#### [WORK REQUIRED]
With the images set aside, retype every record below character for character.

Dataset excerpts:
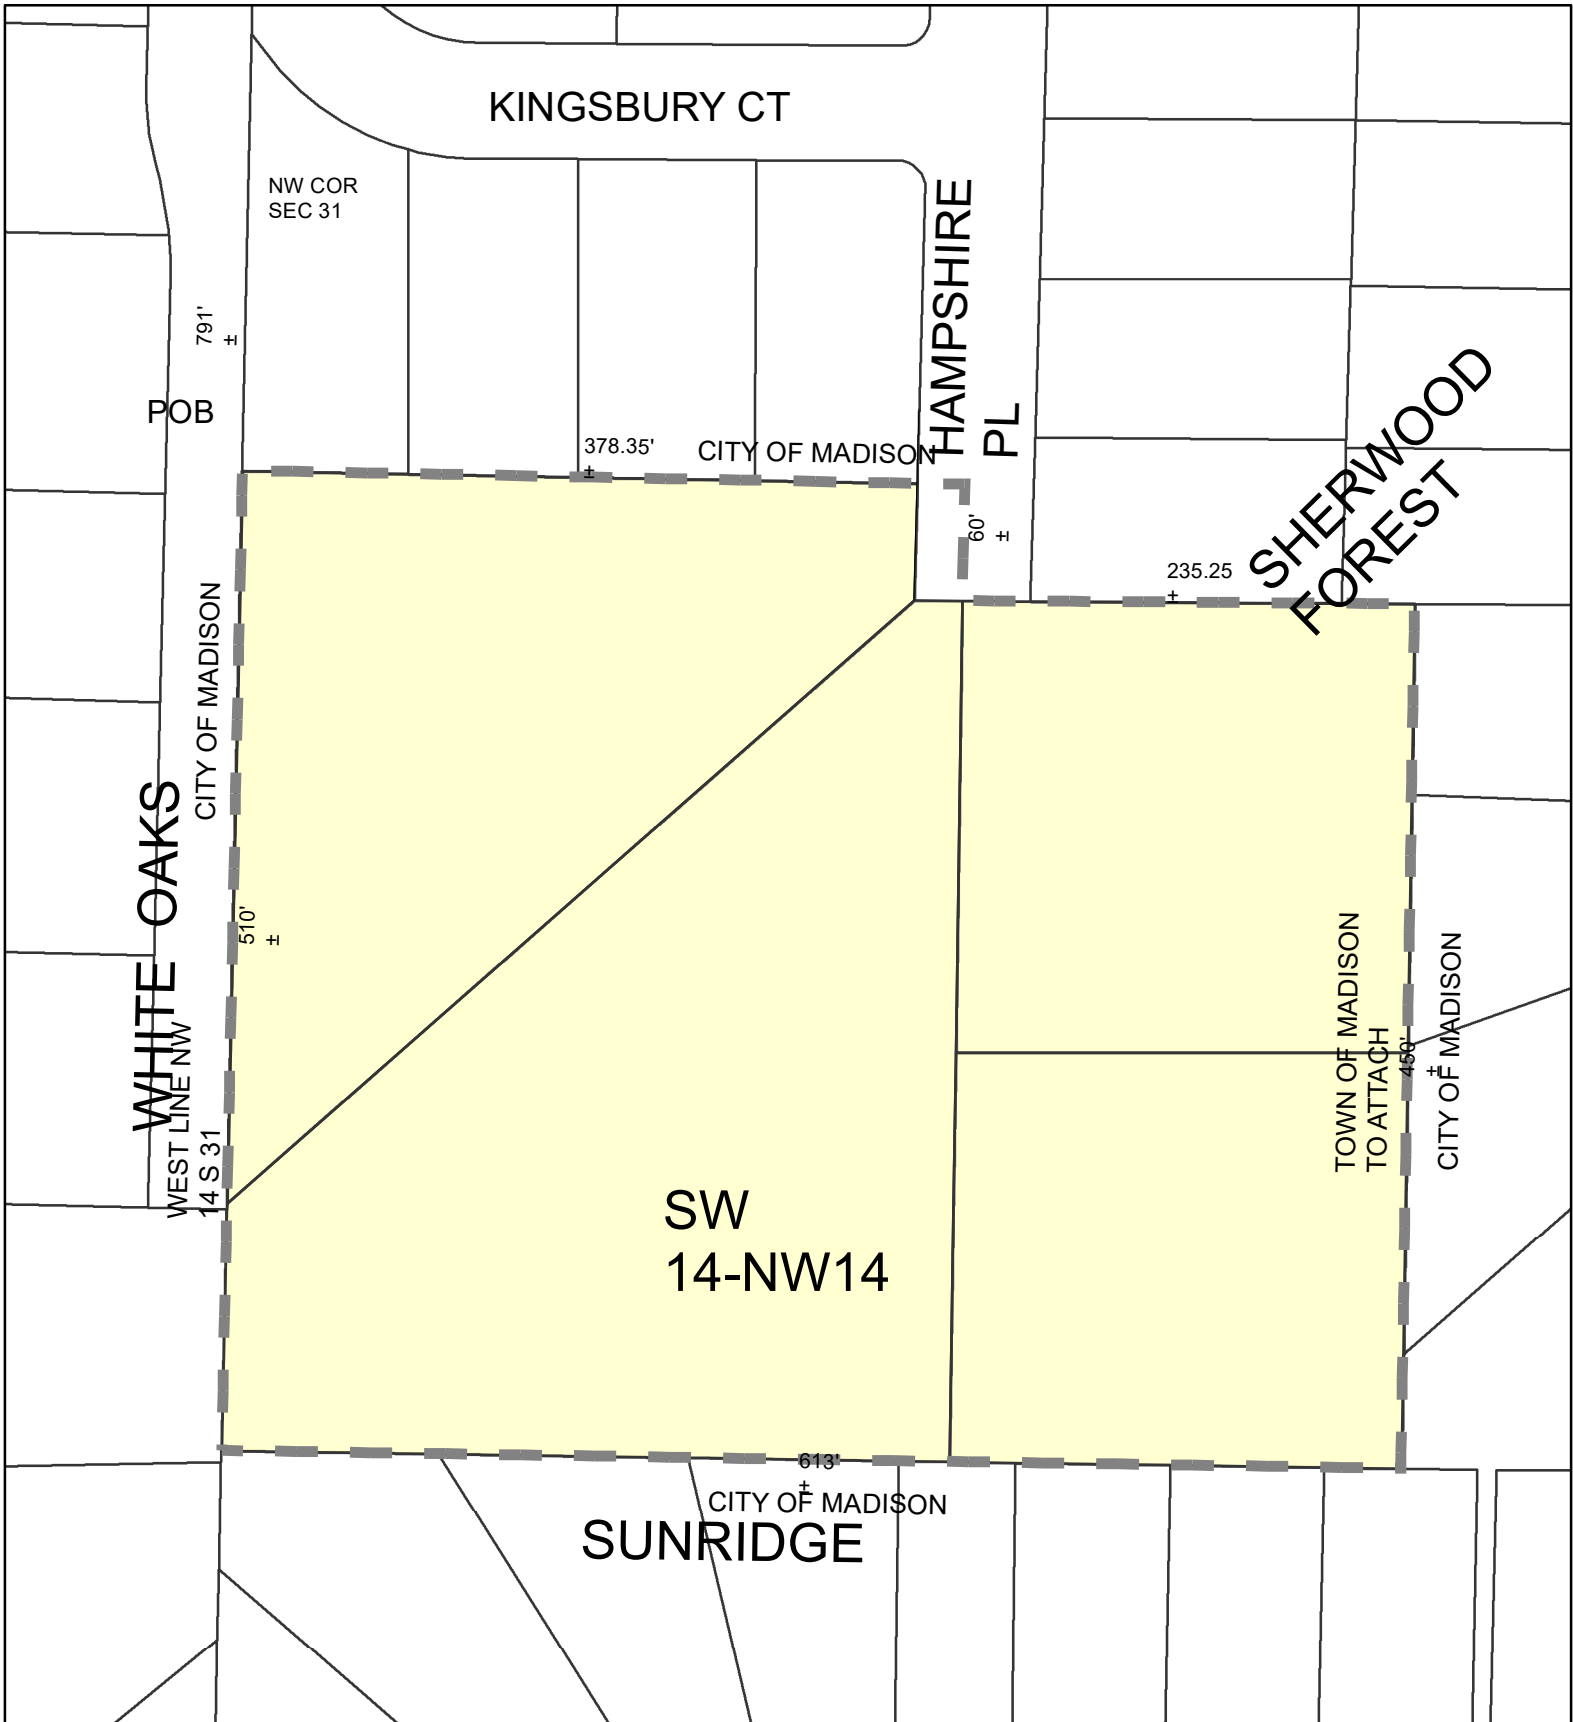

Town of Madison Zoning Areas

Town of Madison parcels attaching to City Madison

City of Madison

Source: City of Madison Planning Division, Dane County LIO

Proposed Zoning - AREA 3, Town of Madison

ID 72644 - Creating Section 28.022-00573

Note: The black-dashed line represents the current City of Madison boundary and the limit of the area to be attached/zoned. The existing zoning of parcels in the City and the proposed zoning of Town parcels is shown on this map.

SR-C1 PD City/Area Limits

0 100 200 300 Feet

LANDS TO ATTACH TO CITY OF MADISON

Note: Underlying streets, platted lots and land division lines shown for informational purposes. Ownership parcels are not shown.
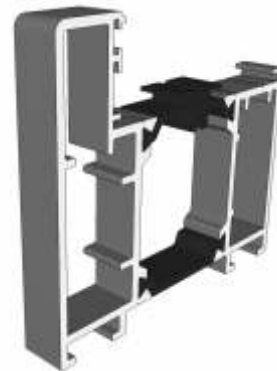

Premium HI Bifold

Section Identification

DURATION
WINDOWS

Contents

Profiles

Outer Frame, Threshold & Sashes	3
Low Thresholds	4
Add Ons, Extensions & Corner Post	5
Mullion, Transom & Midrails	6
Beads & Adapters	7
Cills	8

Sections

Hinge & Locking Jamb	9
Equal Panel Jamb	10
Head With & Without Extension	11
Meeting Stile - Locking & Wheel Versions	12
Meeting Stile - Double Traffic Door	13
Meeting Stile - Odd to Even Split	14
Meeting Stile - Double Even Split	15
Threshold With & Without A Cill	16
34mm Low Thresholds - With & Without Ramp	17
Room Divider Threshold - Internal Use Only	18
Midrails & Transoms	19
Fixed Corner Post Configurations	20

Outer Frame, Threshold & Sashes

U60002 - Outerframe / Standard Rebated Threshold

U60104 - Square Sash Profile

U60105 - Radius Sash Profile

Low Thresholds

U60404 - 34mm Low Threshold

U60405 - 34mm Low Ramped Threshold
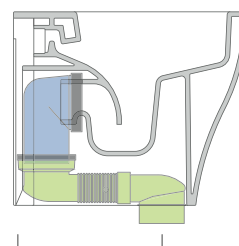

LK2233 (SET: LKR90+LKR33)

da/from 220 a/to 320* mm

ATTENTION: THE DRAINAGE CONNECTORS ARE NOT INCLUDED
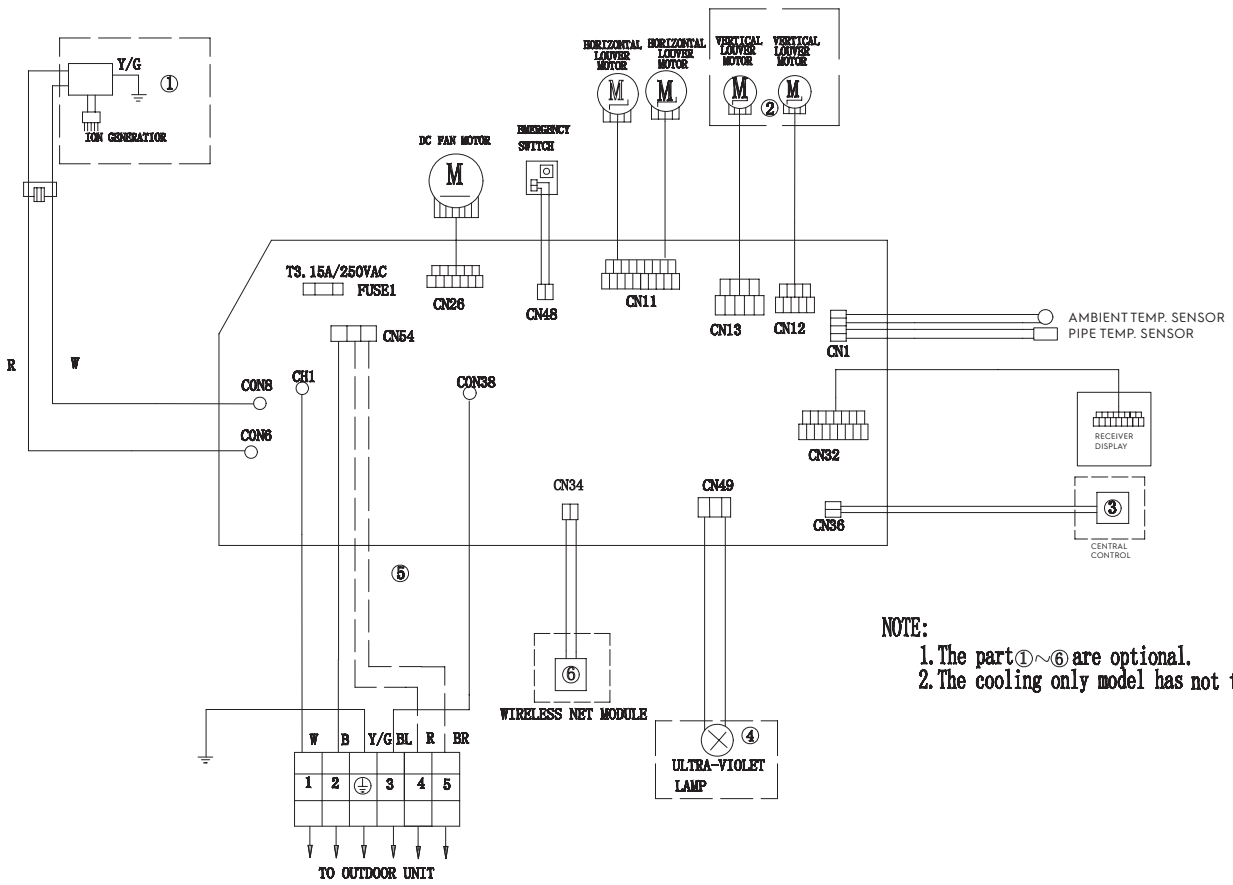

# INDOOR WIRING DIAGRAM

0010512450

**NOTE:**  
 1. The part ①~⑥ are optional.  
 2. The cooling only model has not the part ⑤.

W: WHITE  
 B: BLACK  
 R: RED  
 BL: BLUE  
 BR: BROWN  
 Y/G: YELLOW/  
 GREEN
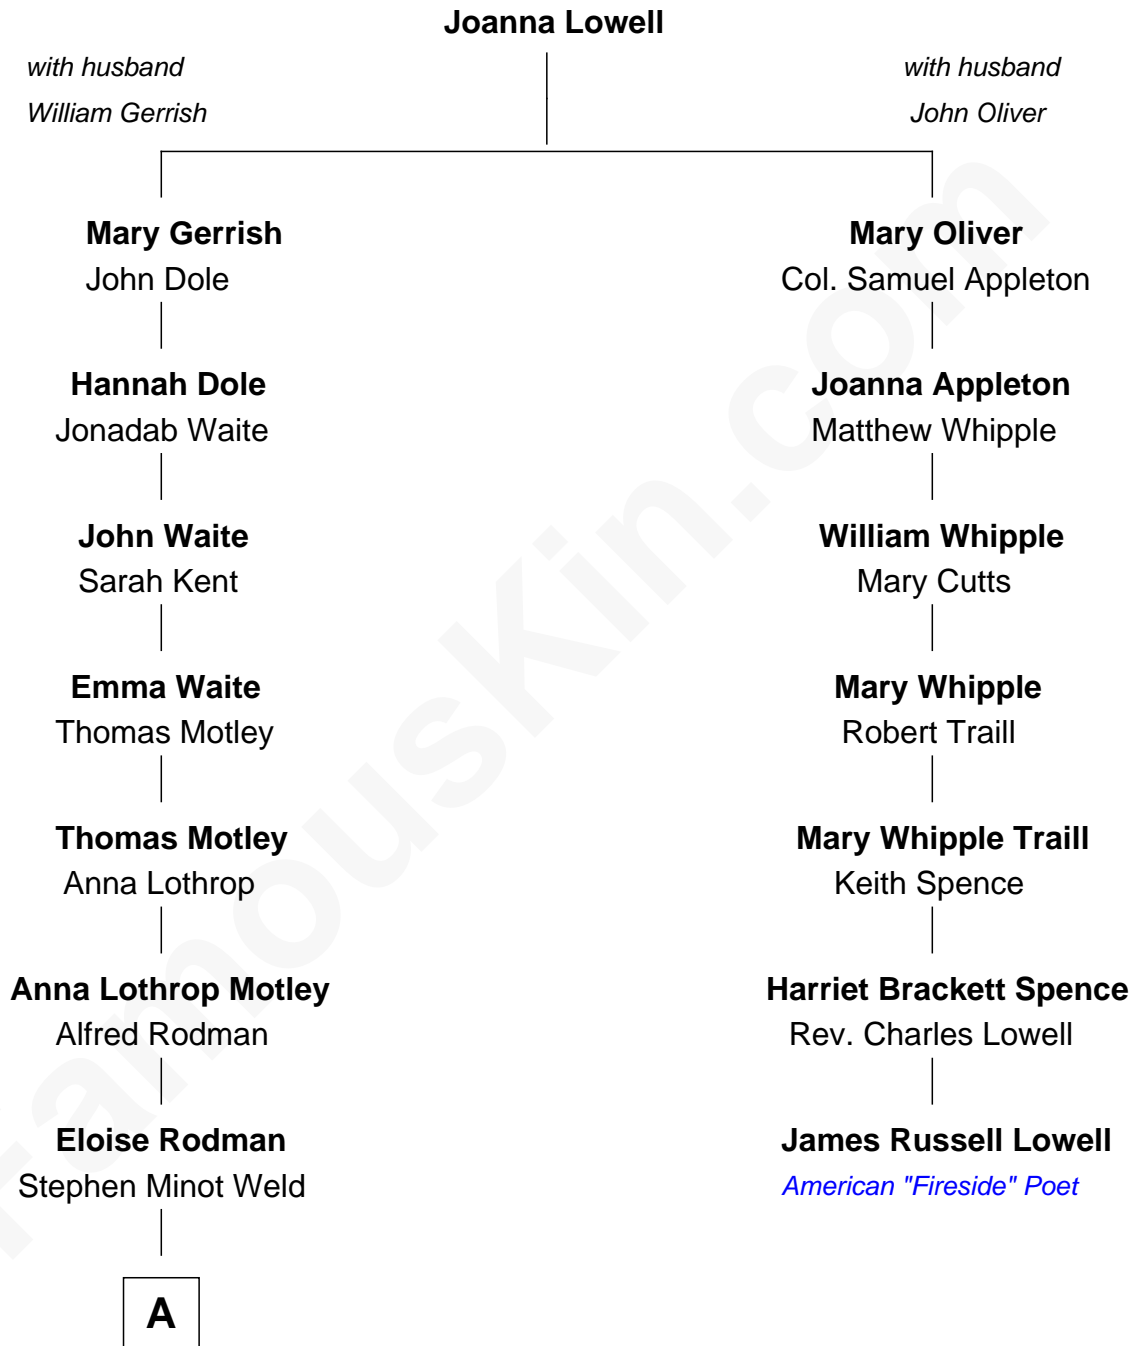

FamousKin.com Relationship Chart of

Tuesday Weld

TV and Movie Actress

6th cousin 3 times removed of

James Russell Lowell

American "Fireside" Poet

A

Edward Motley Weld

Sarah Lothrop King

Lothrop Motley Weld

Yosene Balfour Ker

Tuesday Weld

TV and Movie Actress

FamousKin.com
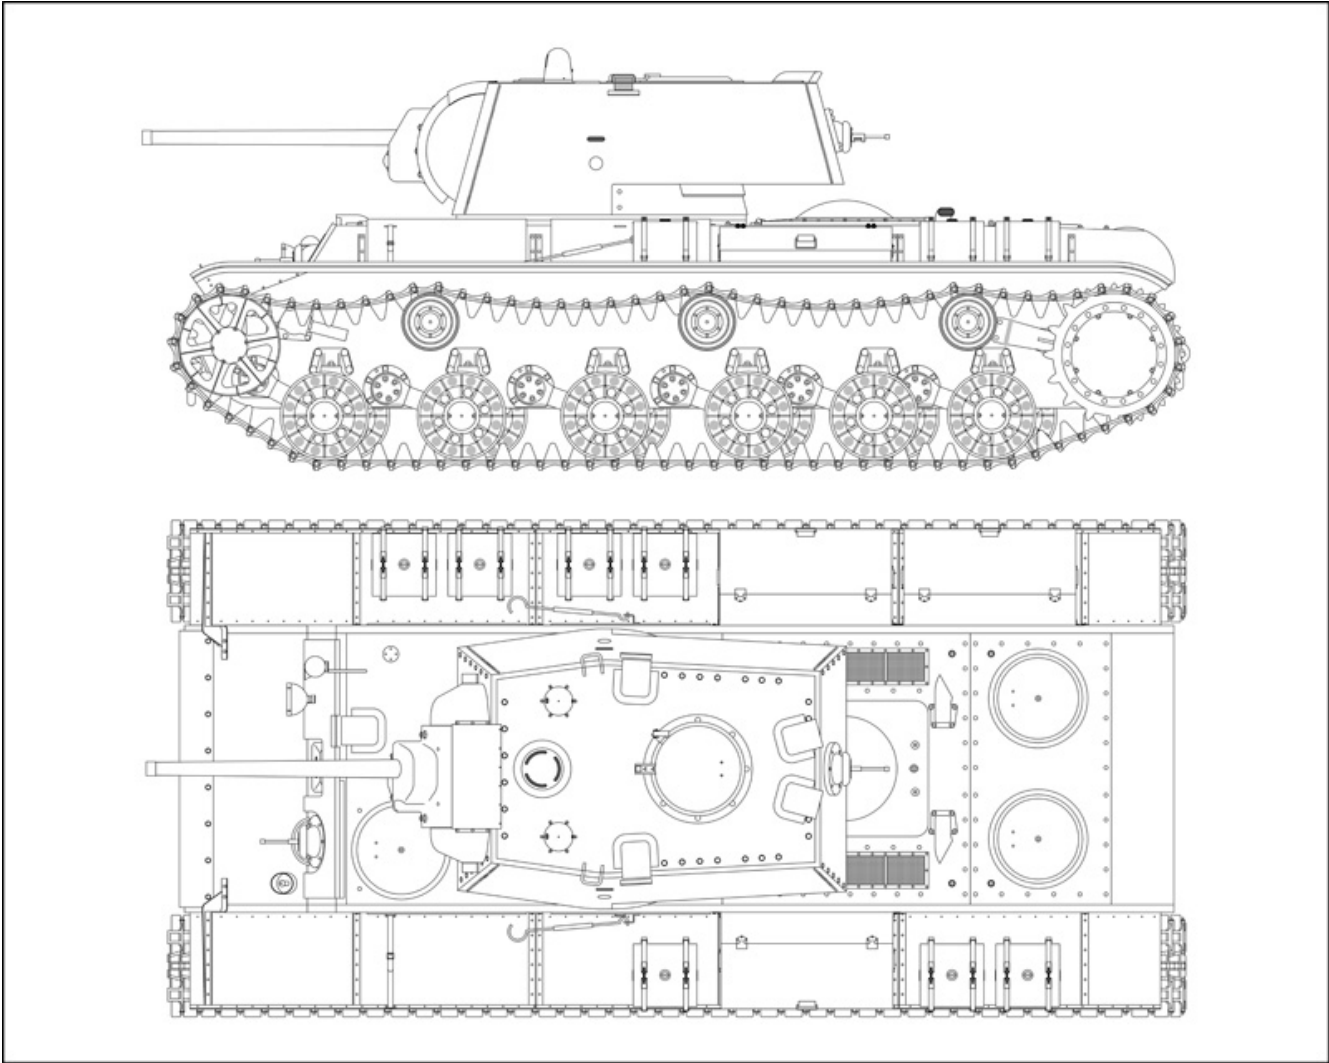

KV-1 Model 1941 w/ Up-Armored Welded Turret: Oct/Nov 1941

#### [RESULT OF THIS EXERCISE]
Town of Madison Zoning Areas

Town of Madison parcels attaching to City Madison

City of Madison

Source: City of Madison Planning Division, Dane County LIO

Proposed Zoning - AREA 3, Town of Madison

ID 72644 - Creating Section 28.022-00573

Note: The black-dashed line represents the current City of Madison boundary and the limit of the area to be attached/zoned. The existing zoning of parcels in the City and the proposed zoning of Town parcels is shown on this map.

SR-C1 PD City/Area Limits

0 100 200 300 Feet

LANDS TO ATTACH TO CITY OF MADISON

Note: Underlying streets, platted lots and land division lines shown for informational purposes. Ownership parcels are not shown.

Premium HI Bifold

Section Identification

DURATION
WINDOWS

Contents

Profiles

Outer Frame, Threshold & Sashes	3
Low Thresholds	4
Add Ons, Extensions & Corner Post	5
Mullion, Transom & Midrails	6
Beads & Adapters	7
Cills	8

Sections

Hinge & Locking Jamb	9
Equal Panel Jamb	10
Head With & Without Extension	11
Meeting Stile - Locking & Wheel Versions	12
Meeting Stile - Double Traffic Door	13
Meeting Stile - Odd to Even Split	14
Meeting Stile - Double Even Split	15
Threshold With & Without A Cill	16
34mm Low Thresholds - With & Without Ramp	17
Room Divider Threshold - Internal Use Only	18
Midrails & Transoms	19
Fixed Corner Post Configurations	20

Outer Frame, Threshold & Sashes

U60002 - Outerframe / Standard Rebated Threshold

U60104 - Square Sash Profile

U60105 - Radius Sash Profile

Low Thresholds

U60404 - 34mm Low Threshold

U60405 - 34mm Low Ramped Threshold

LK2233 (SET: LKR90+LKR33)

da/from 220 a/to 320* mm

ATTENTION: THE DRAINAGE CONNECTORS ARE NOT INCLUDED

# INDOOR WIRING DIAGRAM

0010512450

**NOTE:**  
 1. The part ①~⑥ are optional.  
 2. The cooling only model has not the part ⑤.

W: WHITE  
 B: BLACK  
 R: RED  
 BL: BLUE  
 BR: BROWN  
 Y/G: YELLOW/  
 GREEN

FamousKin.com Relationship Chart of

Tuesday Weld

TV and Movie Actress

6th cousin 3 times removed of

James Russell Lowell

American "Fireside" Poet

A

Edward Motley Weld

Sarah Lothrop King

Lothrop Motley Weld

Yosene Balfour Ker

Tuesday Weld

TV and Movie Actress

FamousKin.com

KV-1 Model 1941 w/ Up-Armored Welded Turret: Oct/Nov 1941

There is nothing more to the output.